Eligibility for registering a One Person Company

  • Only a natural person who is a resident of India can be a sole shareholder.
  • Any company or LLP or partnership firm with financial activities cannot register an OPC.
  • Member of OPC cannot incorporate any other OPC but can be a nominee in another OPC.
  • Nominee must be appointed during registration.
  • When paid up share capital of the company exceeds Rs. 50 lakhs or average annual turnover of immediately preceding 3 financial year exceeds Rs. 2 crore, then OPC must be converted into Private/Public Limited Company.

Minimum requirements of an OPC

  1. Minimum 1 member
  2. Minimum 1 nominee
  3. Minimum 1 director

Maximum requirements of an OPC

  1. Maximum 1 member
  2. Maximum 1 nominee
  3. Maximum 15 directors

Exemptions for a Private Limited Company

Following compliances are not required to be done by an OPC related to meetings  & other compliances:-

  • Sign on annual returns.
  • Hold Annual General Meetings and Board Meetings.
  • Sign on Financial Statements.
  • Option to dispense with the requirement of holding an AGM.
  • Power of Tribunal to call meetings of members.
  • Calling of extraordinary general meeting.
  • Notice of meeting.
  • Statement to be annexed to notice.
  • Quorum for meetings.
  • Chairman of meetings.
  • Proxies
  • Restriction on voting rights.
  • Voting by show of hands.
  • Voting through electronic means.
  • Demand for poll.
  • Postal ballot.
  • Circulation of members’ resolution.


There should be at least one member and one director in an OPC.

There can be a maximum of one member and fifteen directors in an OPC.

The company shall file Form INC – 4with the registrar in case of cessation of member/nominee of OPC on account of death, incapacity to contract or change in ownership within 30 days of receipt of the notice. In the same form, user needs to provide details of new member/nominee and Form INC – 3 as consent of new nominee.

Reservation of name using the SPICE+ (INC-32)and within next 20 days, INC-3 shall be filed for nominee consent Form is attached with INC-32, INC-33 should be prepared stating all the required clauses as e-Memorandum of Association followed by INC-34 e-Articles of Association, INC-35 (AGILE PRO) is multipurpose form which helps in Application for GSTIN, ESI pLusEpf, P.TaxRegistration Opening of Bank a/c. AlsoINC-9 would be required as Declaration shall be submitted by each of the subscribers to the memorandum and each of the first directors named in the articles, DIR-12 and DIR-2 stating particulars of first director of the company and his interest in other firms or body corporate along with his consent to act as a director and INC-22 Filing of Registered Office Address.

In case the paid up share capital (PUSC) of an OPC exceeds Rs. 50 lakh or its average annual turnover during the relevant period exceeds Rs. 2 crore, then the OPC has to mandatorily convert into private or public company.

The OPC shall inform ROC in Form INC – 5, if the threshold limits are exceeded and conversion is required.

Form INC – 6 shall be filed in both the cases.

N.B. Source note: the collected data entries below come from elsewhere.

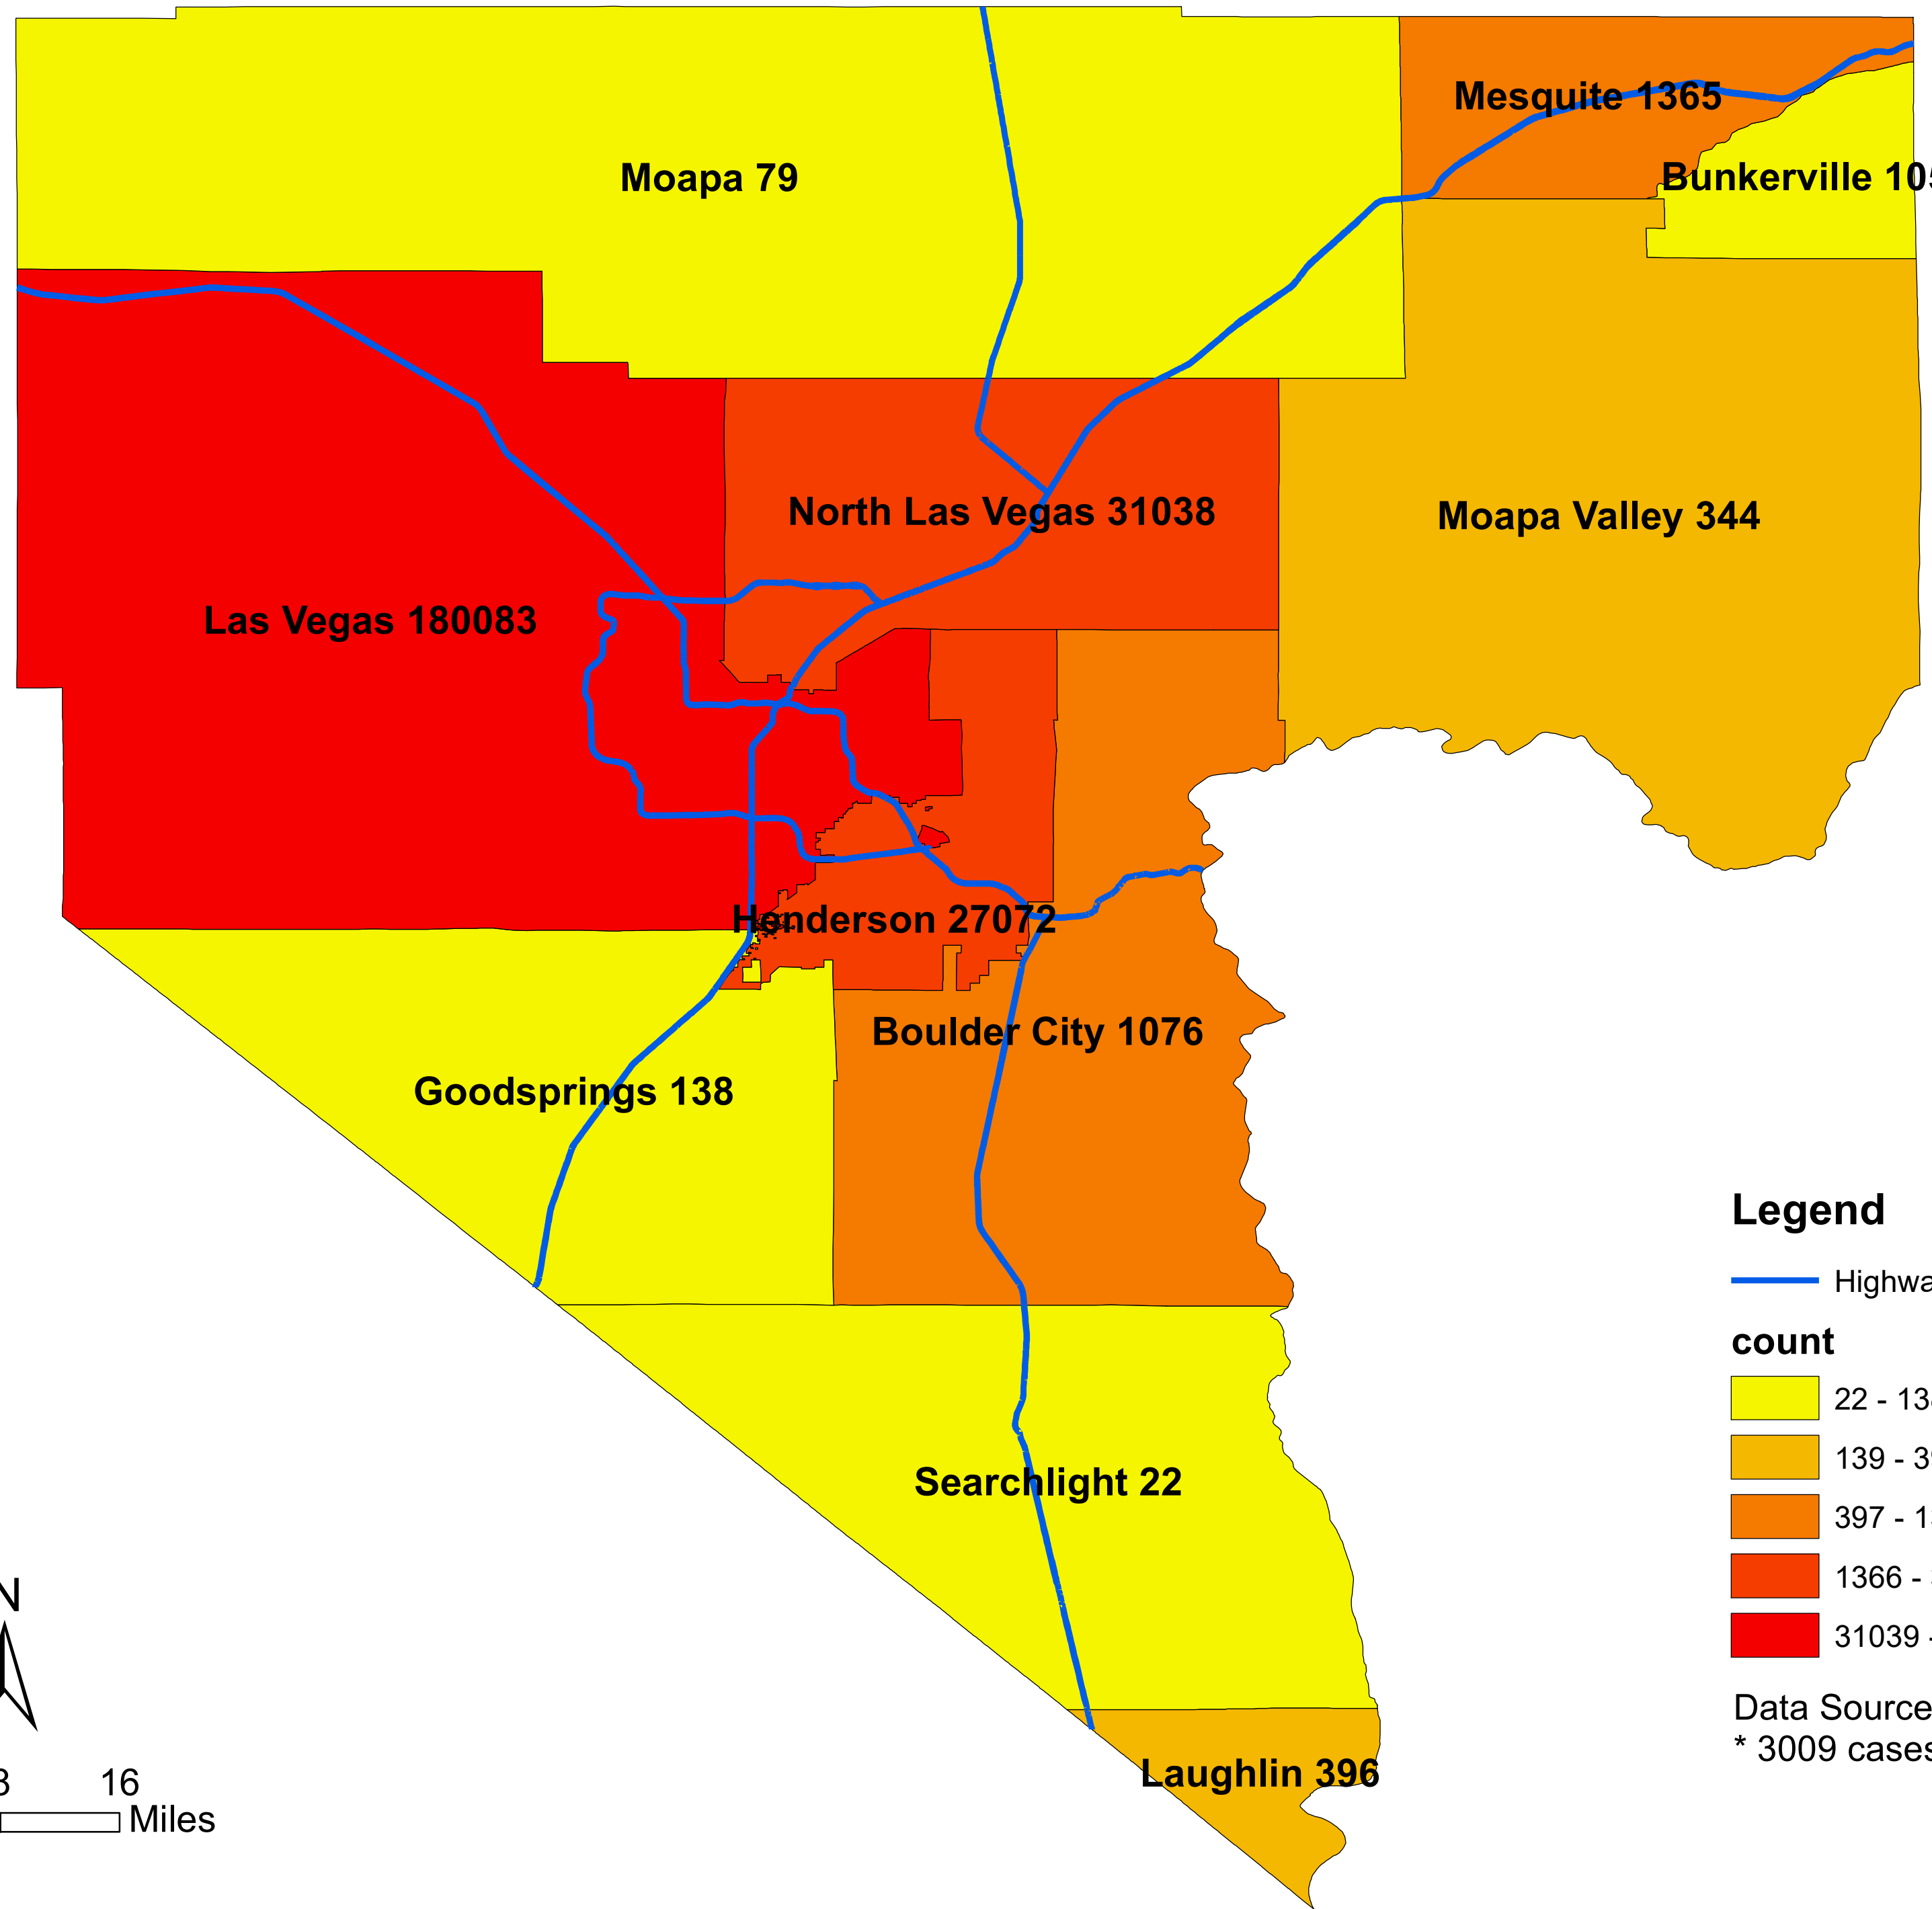

Number of COVID-19 cases by city in Clark county (05.07.2021)

Legend

— Highway

count

- 22 - 138
- 139 - 396
- 397 - 1365
- 1366 - 31038
- 31039 - 180083

Data Source: SNHD

* 3009 cases without city information

0 4 8 16 Miles

It should be filed within 30 days in case of voluntary conversion and within 6 months of mandatory conversion.

Only a natural person who is an Indian citizen and resident in India shall be eligible to act as a member and nominee of an OPC. The term “resident in India” means a person who has stayed in India for a period of not less than 182 days during the immediately preceding 1 financial year.

A person can be member in only one OPC and the same person can be nominee in only one OPC.

Where a natural person, being member in OPC becomes a member in another OPC by virtue of his being a nominee in that OPC, then such person shall meet the eligibility criteria of being a member in only one OPC within 180 days, i.e., he/she shall withdraw his membership from either of the OPCs within 180 days.